> [YOUR INSTRUCTIONS]
Your answer should hold only the lines from the start of the data below through the line with "Buton de avarie, cu zăvorâre", copied exactly, with pictures left out.

※ ※ ※

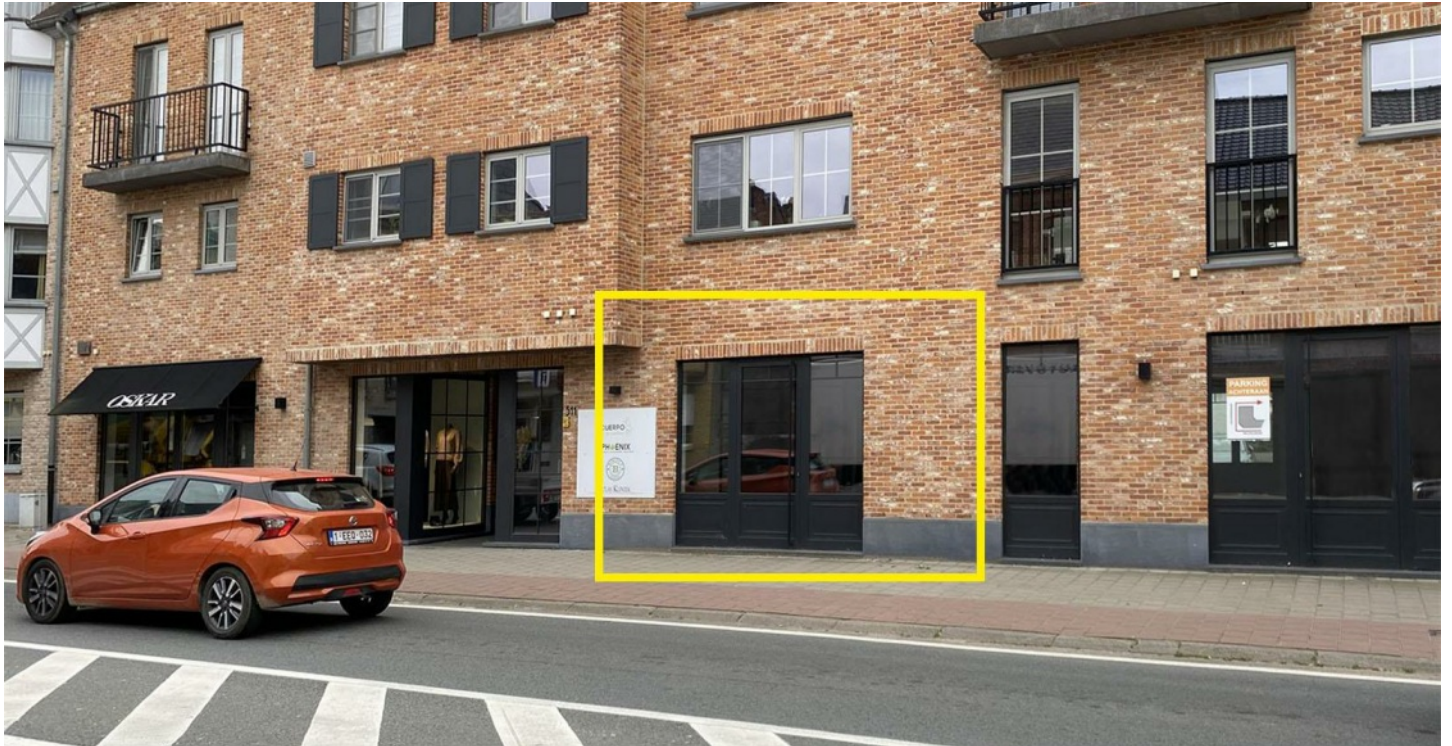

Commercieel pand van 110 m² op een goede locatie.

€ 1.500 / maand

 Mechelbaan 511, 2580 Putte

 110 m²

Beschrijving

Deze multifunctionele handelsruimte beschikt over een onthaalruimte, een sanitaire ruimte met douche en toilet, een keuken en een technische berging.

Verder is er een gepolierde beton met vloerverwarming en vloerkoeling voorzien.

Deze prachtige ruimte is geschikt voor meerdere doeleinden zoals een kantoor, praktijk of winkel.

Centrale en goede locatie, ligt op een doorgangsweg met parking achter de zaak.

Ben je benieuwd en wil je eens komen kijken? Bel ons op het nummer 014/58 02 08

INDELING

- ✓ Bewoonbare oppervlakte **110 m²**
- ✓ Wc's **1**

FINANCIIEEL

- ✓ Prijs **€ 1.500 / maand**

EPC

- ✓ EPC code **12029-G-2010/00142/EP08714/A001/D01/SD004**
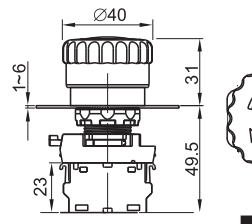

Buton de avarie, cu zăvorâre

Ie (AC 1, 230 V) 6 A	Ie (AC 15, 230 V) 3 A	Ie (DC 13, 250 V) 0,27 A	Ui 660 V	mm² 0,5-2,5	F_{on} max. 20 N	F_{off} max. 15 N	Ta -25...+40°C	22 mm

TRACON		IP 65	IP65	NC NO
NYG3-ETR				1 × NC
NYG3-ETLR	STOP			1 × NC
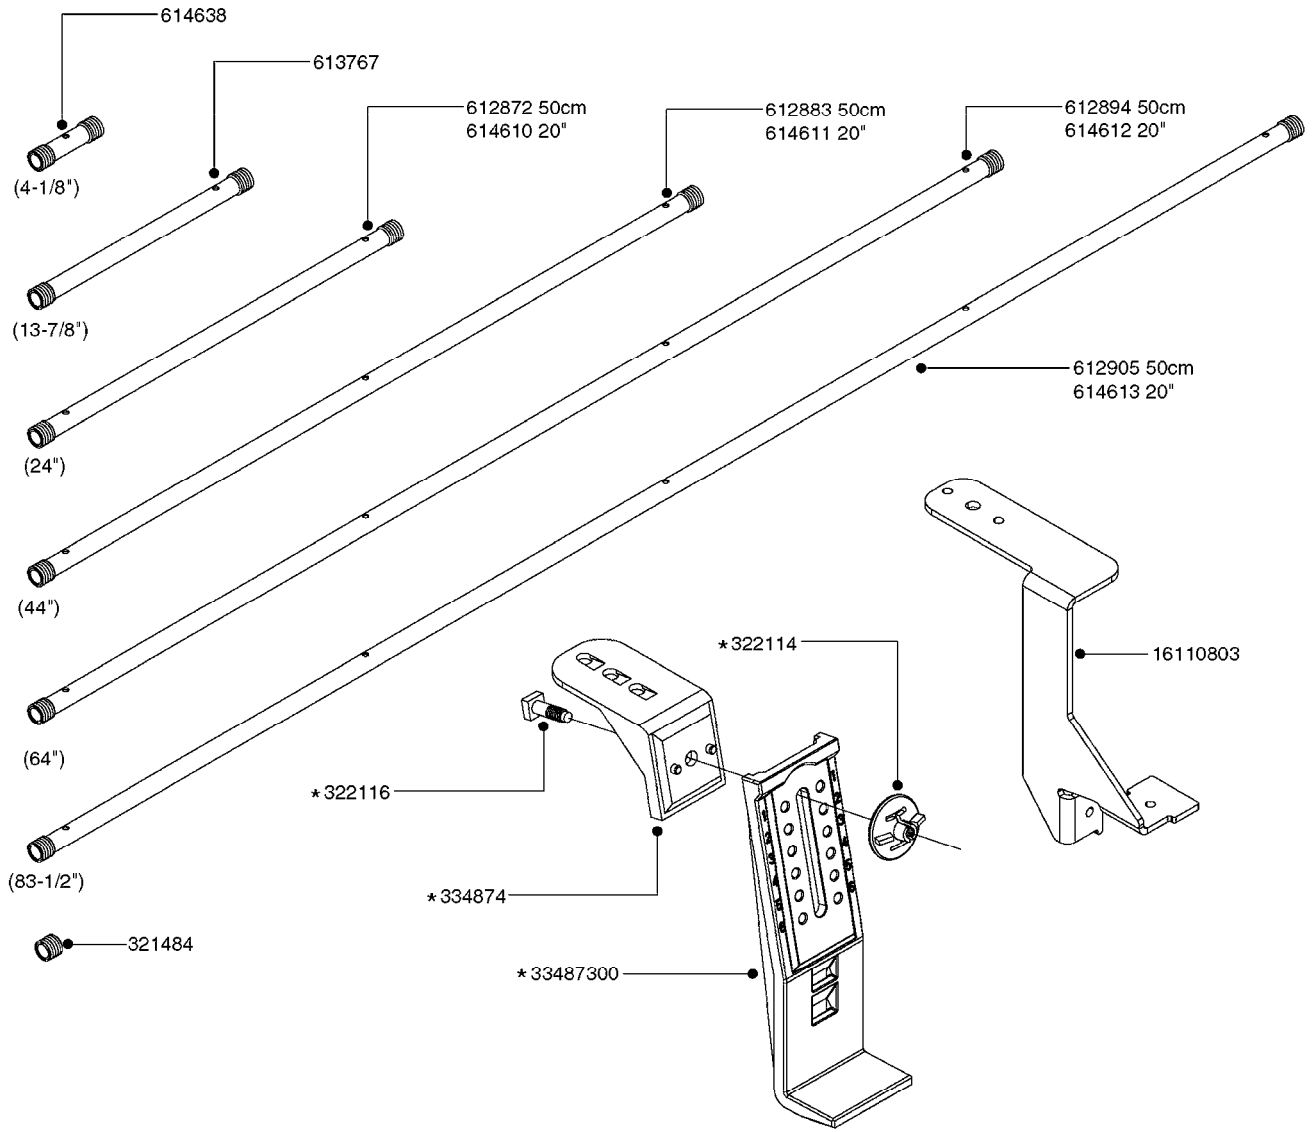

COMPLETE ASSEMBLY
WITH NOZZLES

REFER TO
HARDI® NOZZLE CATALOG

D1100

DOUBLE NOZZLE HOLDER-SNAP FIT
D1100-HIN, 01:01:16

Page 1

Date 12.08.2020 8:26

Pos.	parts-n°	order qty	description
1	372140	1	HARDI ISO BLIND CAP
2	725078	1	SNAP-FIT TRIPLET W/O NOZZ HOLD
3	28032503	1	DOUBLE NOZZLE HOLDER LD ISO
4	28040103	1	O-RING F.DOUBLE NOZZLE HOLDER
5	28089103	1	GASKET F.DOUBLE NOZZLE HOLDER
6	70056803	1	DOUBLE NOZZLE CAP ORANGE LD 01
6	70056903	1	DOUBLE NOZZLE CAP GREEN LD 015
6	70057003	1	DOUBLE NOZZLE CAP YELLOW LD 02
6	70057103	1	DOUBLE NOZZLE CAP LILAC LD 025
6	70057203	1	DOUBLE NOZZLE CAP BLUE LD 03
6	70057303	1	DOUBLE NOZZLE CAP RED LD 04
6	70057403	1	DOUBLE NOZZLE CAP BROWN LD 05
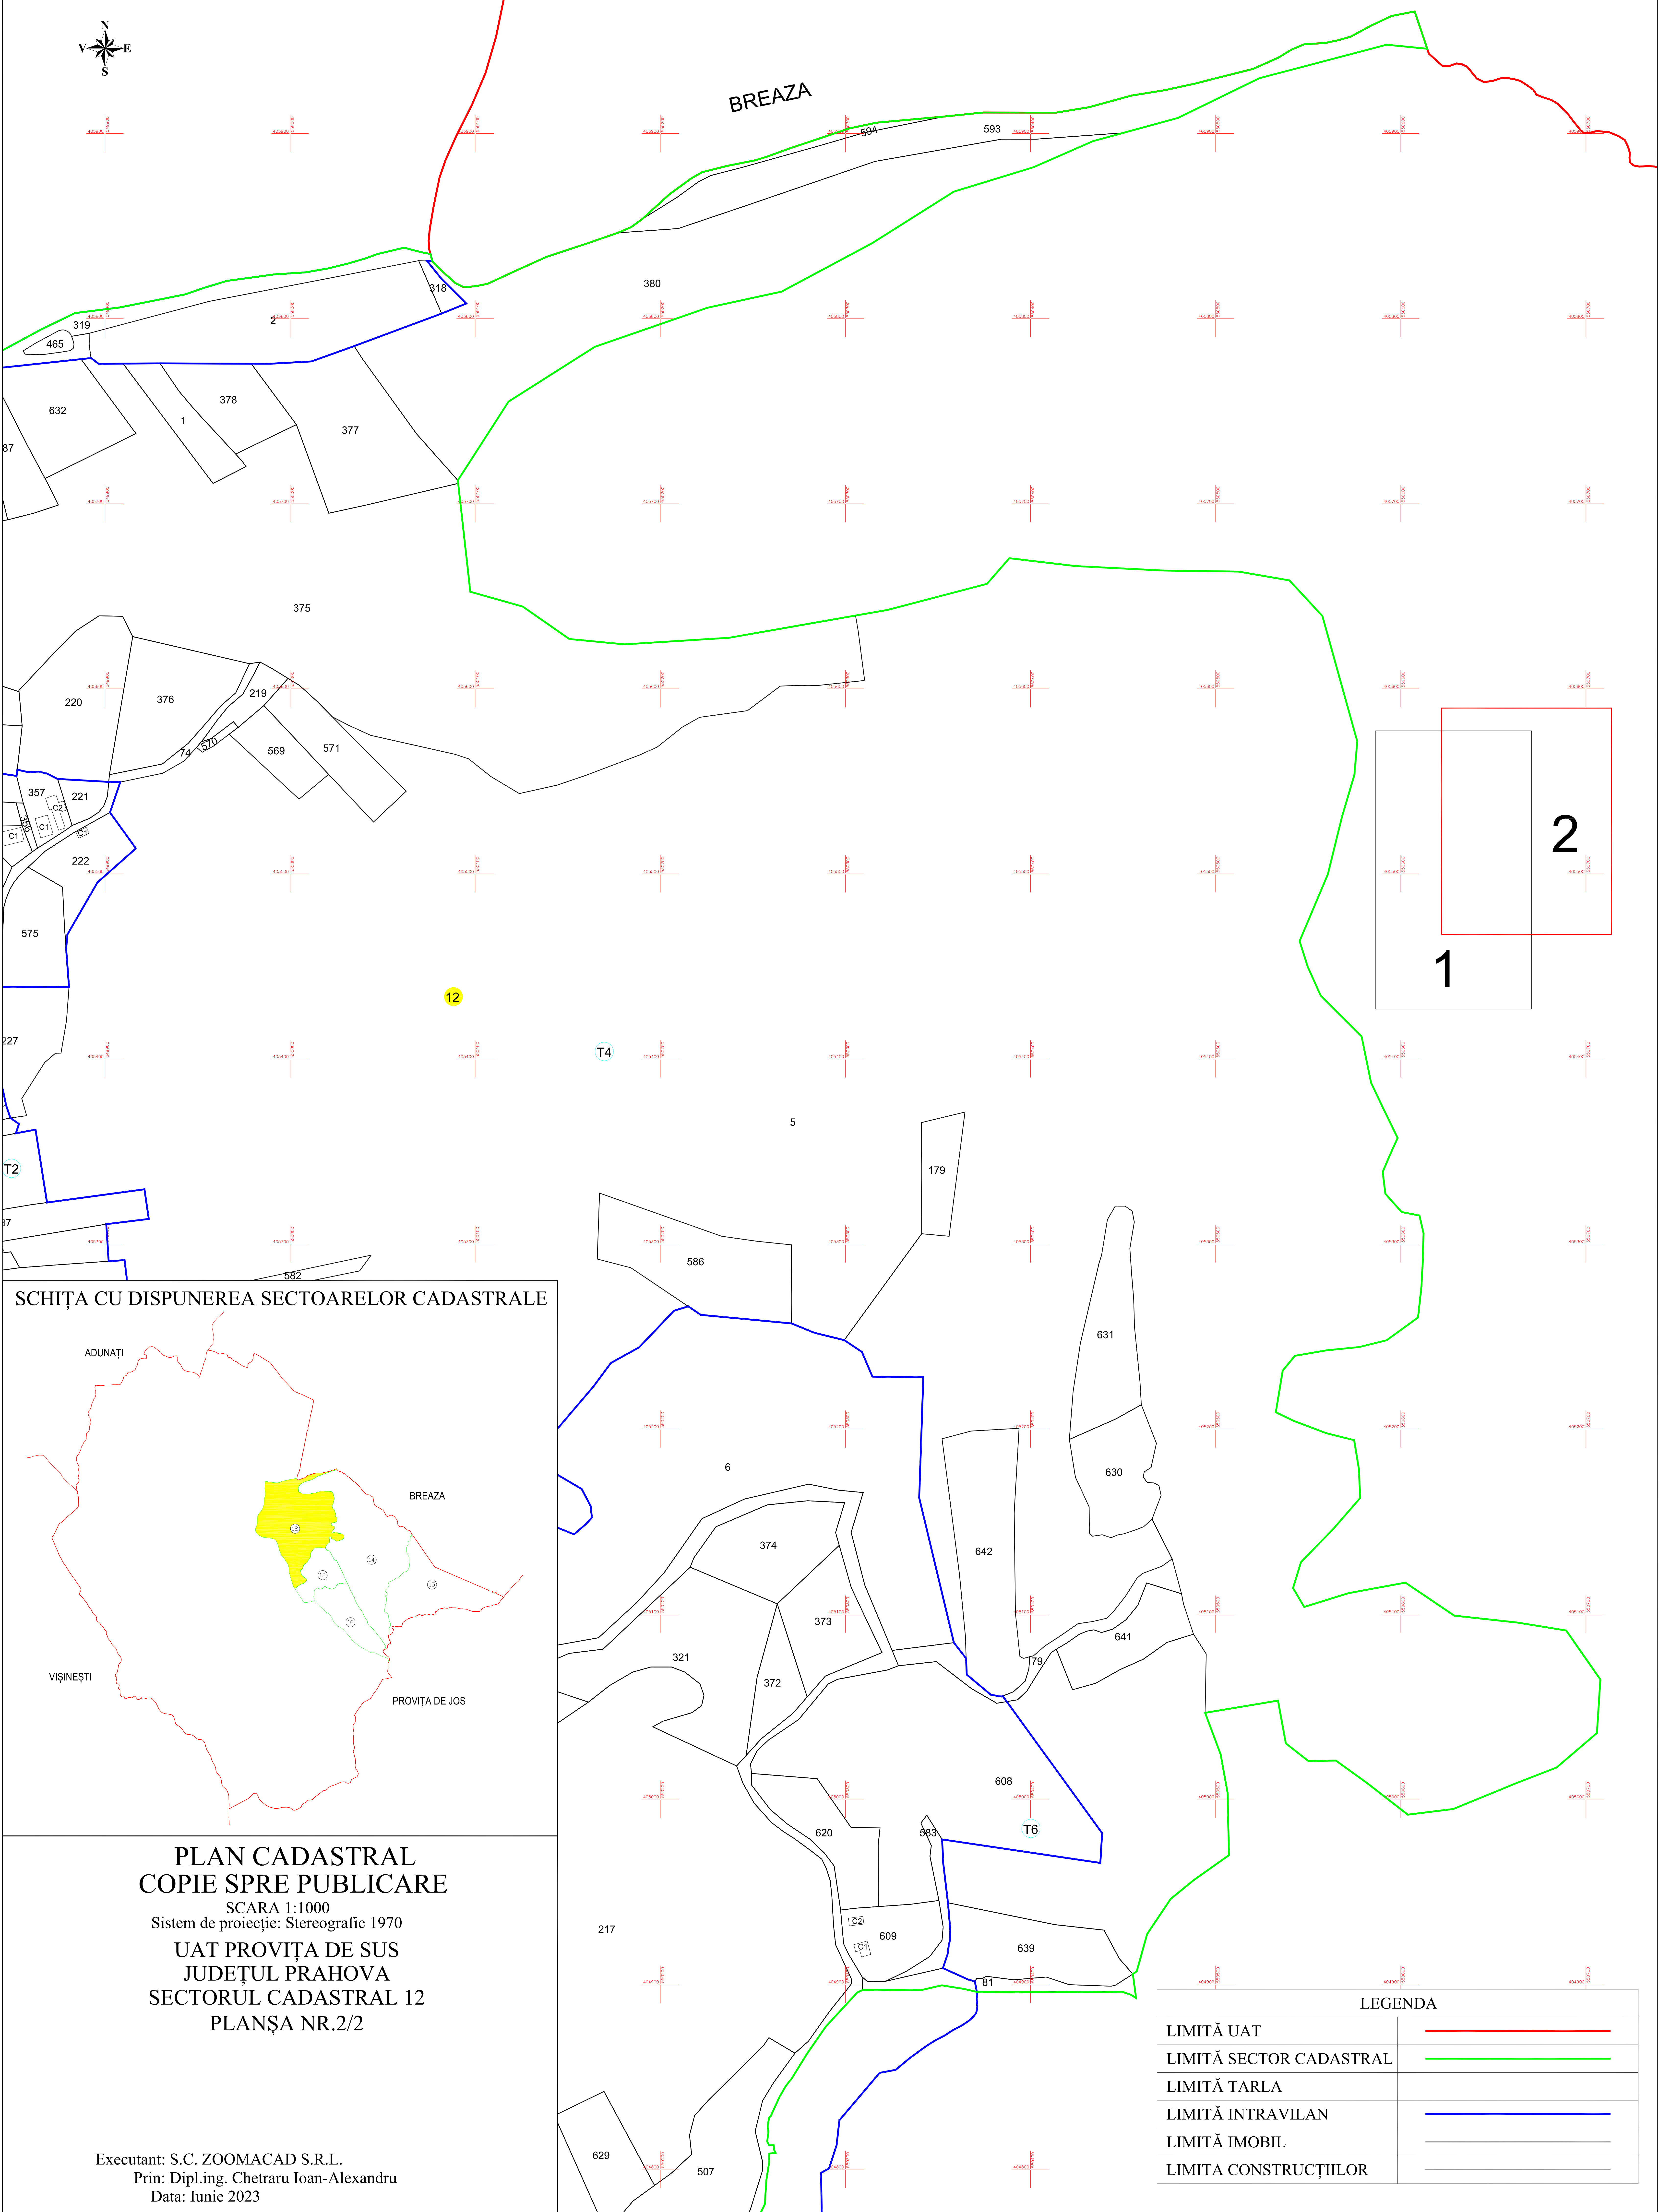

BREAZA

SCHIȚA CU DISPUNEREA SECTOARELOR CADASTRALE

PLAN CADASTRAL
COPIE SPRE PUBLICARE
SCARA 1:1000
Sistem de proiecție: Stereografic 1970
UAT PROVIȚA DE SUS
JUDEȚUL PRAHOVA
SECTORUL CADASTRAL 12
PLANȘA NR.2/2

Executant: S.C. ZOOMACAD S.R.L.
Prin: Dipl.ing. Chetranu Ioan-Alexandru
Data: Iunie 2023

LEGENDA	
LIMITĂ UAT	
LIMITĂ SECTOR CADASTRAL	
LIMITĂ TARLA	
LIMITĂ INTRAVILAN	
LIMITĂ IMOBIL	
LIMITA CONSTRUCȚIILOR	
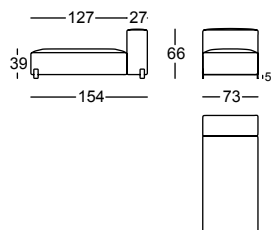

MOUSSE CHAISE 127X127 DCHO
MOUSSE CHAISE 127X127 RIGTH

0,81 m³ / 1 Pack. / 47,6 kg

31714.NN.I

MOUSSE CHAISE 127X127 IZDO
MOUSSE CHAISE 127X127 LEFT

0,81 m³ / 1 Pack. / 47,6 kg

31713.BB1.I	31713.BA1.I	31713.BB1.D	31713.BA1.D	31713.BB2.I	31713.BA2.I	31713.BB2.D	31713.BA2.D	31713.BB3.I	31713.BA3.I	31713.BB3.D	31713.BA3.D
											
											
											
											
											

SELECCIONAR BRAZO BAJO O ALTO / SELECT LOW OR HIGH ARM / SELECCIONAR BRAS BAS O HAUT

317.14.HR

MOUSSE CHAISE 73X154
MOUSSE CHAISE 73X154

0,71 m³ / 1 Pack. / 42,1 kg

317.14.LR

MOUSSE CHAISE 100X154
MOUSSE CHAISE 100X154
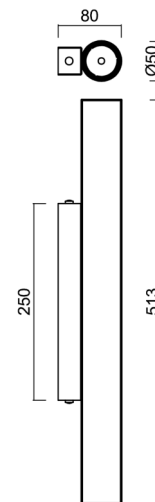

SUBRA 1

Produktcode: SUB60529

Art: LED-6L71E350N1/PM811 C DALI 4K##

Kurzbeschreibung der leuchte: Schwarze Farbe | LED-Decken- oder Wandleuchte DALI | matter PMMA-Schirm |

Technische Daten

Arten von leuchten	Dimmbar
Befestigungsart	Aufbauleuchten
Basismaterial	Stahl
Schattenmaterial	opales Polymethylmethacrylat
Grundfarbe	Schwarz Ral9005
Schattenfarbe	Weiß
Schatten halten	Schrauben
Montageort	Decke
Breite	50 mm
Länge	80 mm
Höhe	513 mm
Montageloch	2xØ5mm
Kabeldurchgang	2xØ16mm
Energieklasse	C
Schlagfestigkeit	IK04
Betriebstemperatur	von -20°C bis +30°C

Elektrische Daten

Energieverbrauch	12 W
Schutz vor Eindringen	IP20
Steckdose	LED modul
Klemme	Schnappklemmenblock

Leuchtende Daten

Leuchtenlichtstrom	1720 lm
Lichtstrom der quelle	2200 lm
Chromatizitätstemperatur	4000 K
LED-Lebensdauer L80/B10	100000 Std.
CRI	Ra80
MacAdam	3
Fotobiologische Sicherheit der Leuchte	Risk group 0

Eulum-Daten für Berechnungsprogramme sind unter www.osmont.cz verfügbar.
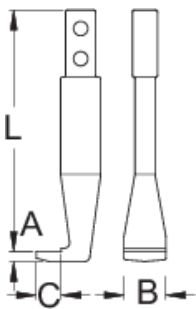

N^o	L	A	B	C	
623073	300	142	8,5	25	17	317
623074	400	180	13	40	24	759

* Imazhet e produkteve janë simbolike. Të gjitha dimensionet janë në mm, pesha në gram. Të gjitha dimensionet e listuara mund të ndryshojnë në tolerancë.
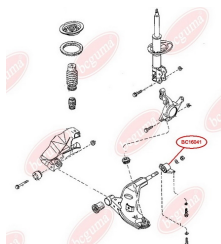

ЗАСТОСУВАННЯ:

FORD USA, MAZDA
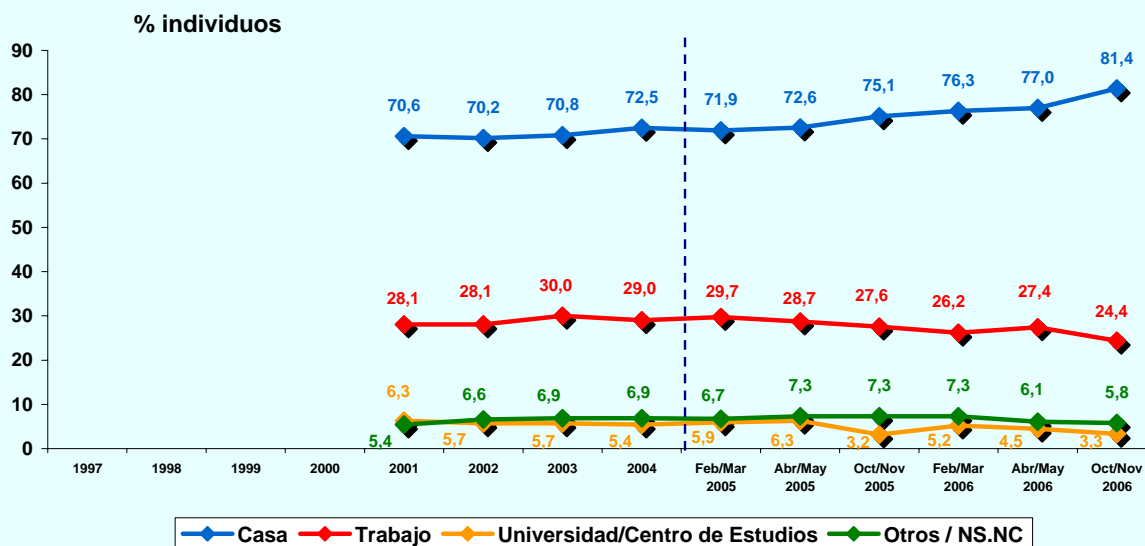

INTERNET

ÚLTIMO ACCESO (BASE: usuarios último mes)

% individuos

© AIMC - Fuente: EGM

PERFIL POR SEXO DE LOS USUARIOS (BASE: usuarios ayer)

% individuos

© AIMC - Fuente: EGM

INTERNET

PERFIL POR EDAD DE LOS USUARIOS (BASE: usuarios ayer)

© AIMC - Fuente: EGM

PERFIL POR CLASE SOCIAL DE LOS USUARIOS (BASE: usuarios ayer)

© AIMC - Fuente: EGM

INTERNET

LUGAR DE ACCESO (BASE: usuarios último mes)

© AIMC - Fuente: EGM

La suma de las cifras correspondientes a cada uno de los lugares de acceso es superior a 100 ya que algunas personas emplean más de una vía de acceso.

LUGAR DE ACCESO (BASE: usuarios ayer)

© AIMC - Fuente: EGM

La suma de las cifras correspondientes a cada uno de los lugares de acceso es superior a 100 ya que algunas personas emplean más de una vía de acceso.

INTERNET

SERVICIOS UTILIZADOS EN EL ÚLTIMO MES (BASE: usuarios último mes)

※ ※ ※

> [ANSWER BELOW]
Commercieel pand van 110 m² op een goede locatie.

€ 1.500 / maand

 Mechelbaan 511, 2580 Putte

 110 m²

Beschrijving

Deze multifunctionele handelsruimte beschikt over een onthaalruimte, een sanitaire ruimte met douche en toilet, een keuken en een technische berging.

Verder is er een gepolierde beton met vloerverwarming en vloerkoeling voorzien.

Deze prachtige ruimte is geschikt voor meerdere doeleinden zoals een kantoor, praktijk of winkel.

Centrale en goede locatie, ligt op een doorgangsweg met parking achter de zaak.

Ben je benieuwd en wil je eens komen kijken? Bel ons op het nummer 014/58 02 08

INDELING

- ✓ Bewoonbare oppervlakte **110 m²**
- ✓ Wc's **1**

FINANCIIEEL

- ✓ Prijs **€ 1.500 / maand**

EPC

- ✓ EPC code **12029-G-2010/00142/EP08714/A001/D01/SD004**

Buton de avarie, cu zăvorâre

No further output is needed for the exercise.